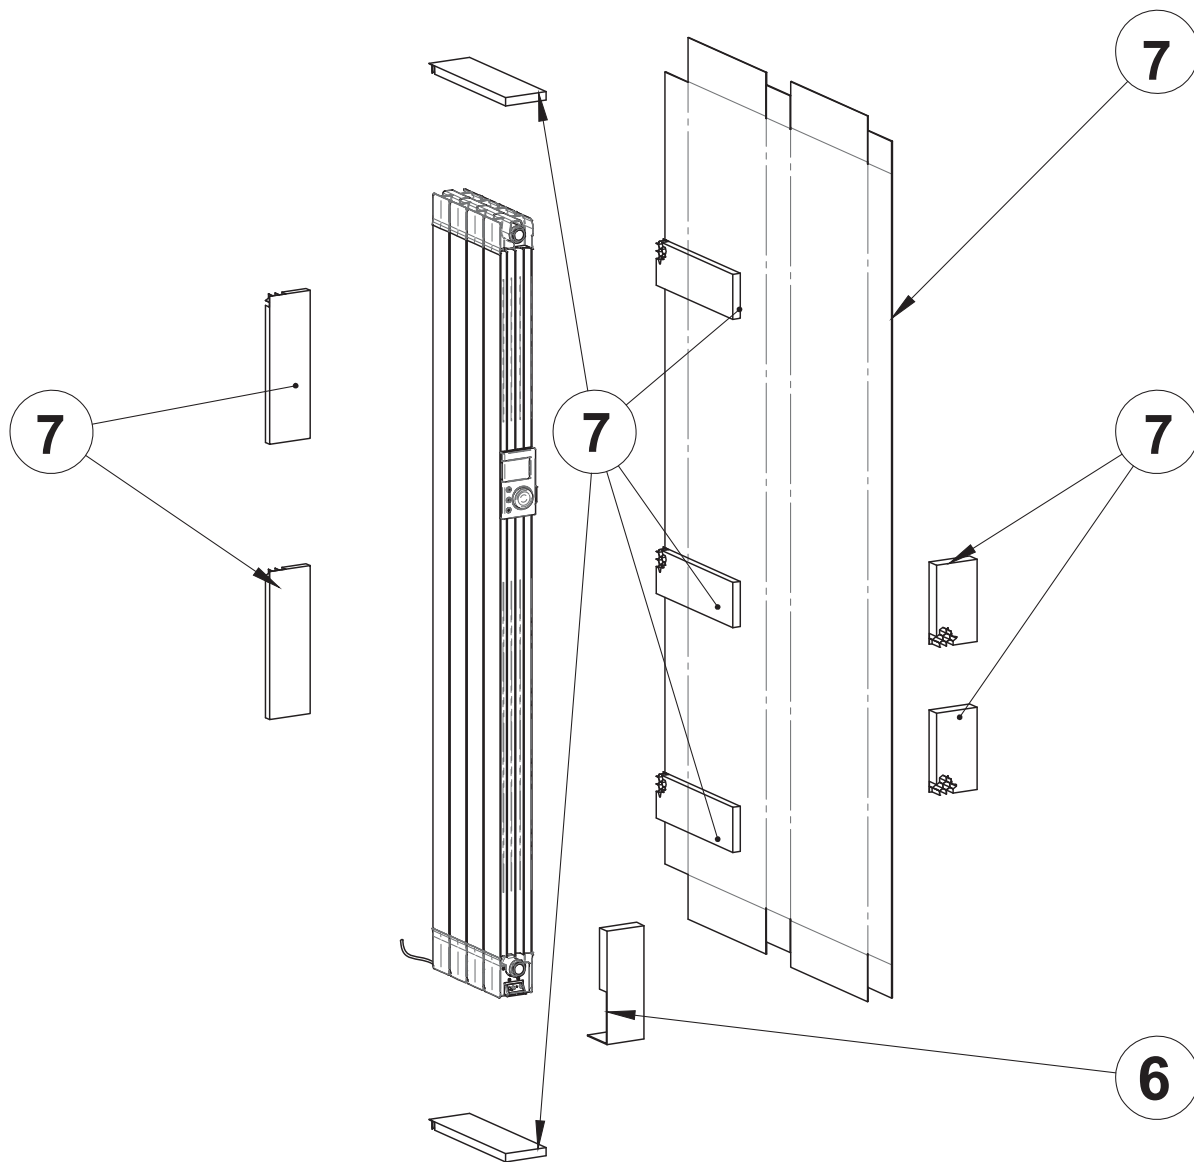

# LISTE DES PIÈCES

equation

## ALIDEA VERTICAL 2

Esp	Code	Description_FR
1	6ZGRIBAS00	Grille de fermeture 4 éléments
	6ZGRIBAS01	Grille de fermeture 6 éléments
	6ZGRIBAS02	Grille de fermeture 4 éléments anthracite
	6ZGRIBAS03	Grille de fermeture 6 éléments anthracite
2	6ZELECON24	Electronique Alidea vertical 2
	6ZELECON25	Electronique Alidea vertical gris 2
3	6ZSTABLO02	Système de fixation de la résistance
4	6ZCLIFIS05	Clip de fixation câble
5	6ZELENT17	Interface Alidea Vertical 2
	6ZELENT18	Interface Alidea Vertical 2 anthracite

------------

__What you have to do__
Could you report all lines of the listing that hold "fixation"?

__Task result__
3	6ZSTABLO02	Système de fixation de la résistance
4	6ZCLIFIS05	Clip de fixation câble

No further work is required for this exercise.